A line from John Lennon’s song is circling in my brain as waves of overwhelm wash over. Inside I hear “Nobody told me there would be days like these….” I watch pictures of the BP spill devastation—what it has done to maim and kill marine wildlife in its home, the ocean known as the Gulf of Mexico. Life has been spawned from the ocean water of the Earth and it should be considered sacred—it is truly the Mother Water of Life. With destruction levels causing increasing dead zones over larger and larger swathes of Earth’s global girth, the level of shock that is registering across the planet is its own agenda to attend to.

At the 911 event, we had human hatred aimed at one of the most concentrated zones of habitation and economic exchange in the West. In the wake of this chaos, lives were irrevocably changed from the ripple effect of shock waves moving out from Ground Zero in New York.

The British Petroleum Gulf Debacle is another marker of magnitude on the scale of human invoked devastation through carelessness. On April 20, 2010, corruption and greed converged to set up a system failure of unprecedented proportions, and tidal waves of oil began to plume out from deep within the Earth, despoiling the ocean and engulfing systems in ‘crude’ and toxic oil. While the eleven lives lost in the human realm compared to 911 is smaller in scale, this mistake is one of the most costly oversights recorded in modern history.

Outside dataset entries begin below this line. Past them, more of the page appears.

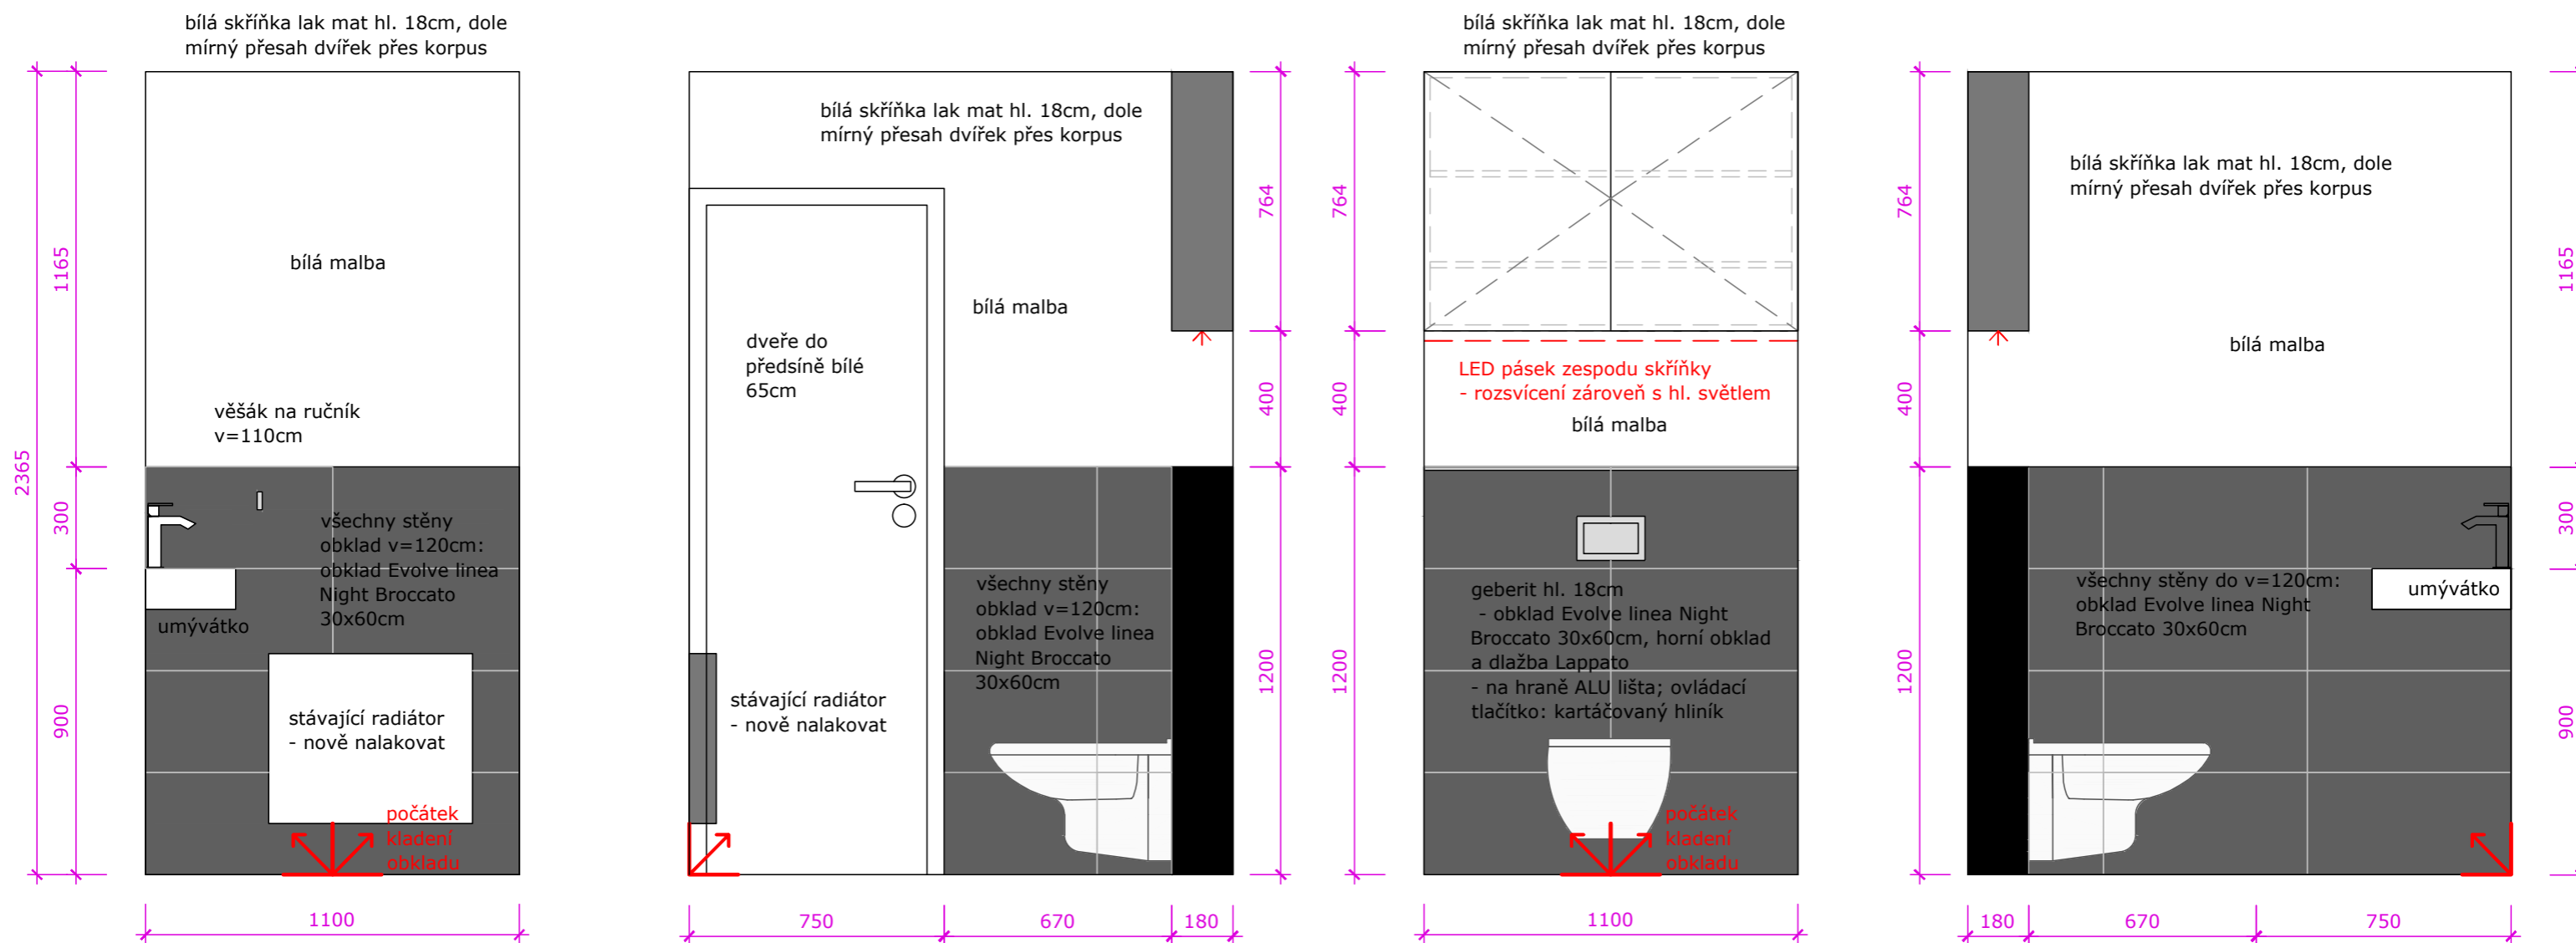

šatní skříň bílá lesk

světlo, d=40cm

koberec 90x160cm

noční stolek 2x

komoda bílá

KOUPELNA - pohledy (na stěny se sprchovým koutem)

KOUPELNA - pohledy (na stěny s vanou)

TOALETA - pohledy

KOUPELNA + TOALETA - sanita, osvětlení

PURITY keramické umyvadlo 70x42x15cm

Závěsné WC Laufen Pro (2x - toaleta + koupelna)

Toaleta: PATERNA keramické umyvadlo
rohové 41x26,5x12cm

osvětlení zrcadla:
TREX LED nástěnné svítidlo 102cm 12W, hliník

This is a point of reaching a new Ground Zero, for this is an Earth Environmental Zero Point. Do we really need any bigger wake up calls as a human species than this?

The news is doing its best to tabulate the economic cost of mediating the mess, but it is the environmental cost of remediation that needs to be addressed most significantly at the present moment. We need these questions to move to the forefront of public exchange; “How much poison will we allow in our lives and the planet that is our home? How much more barrage of chemical toxicity can we withstand?” “Are we really going to stand by and watch the decimation of the ocean habitat for countless species of life on this planet due to the corporate drive to profit without responsibility? The Gulf already has one dead zone, now there are two. Why don’t we see this as an uncaring act of terrorism to blindly wipe out ecosystems, lives of many species and livelihoods?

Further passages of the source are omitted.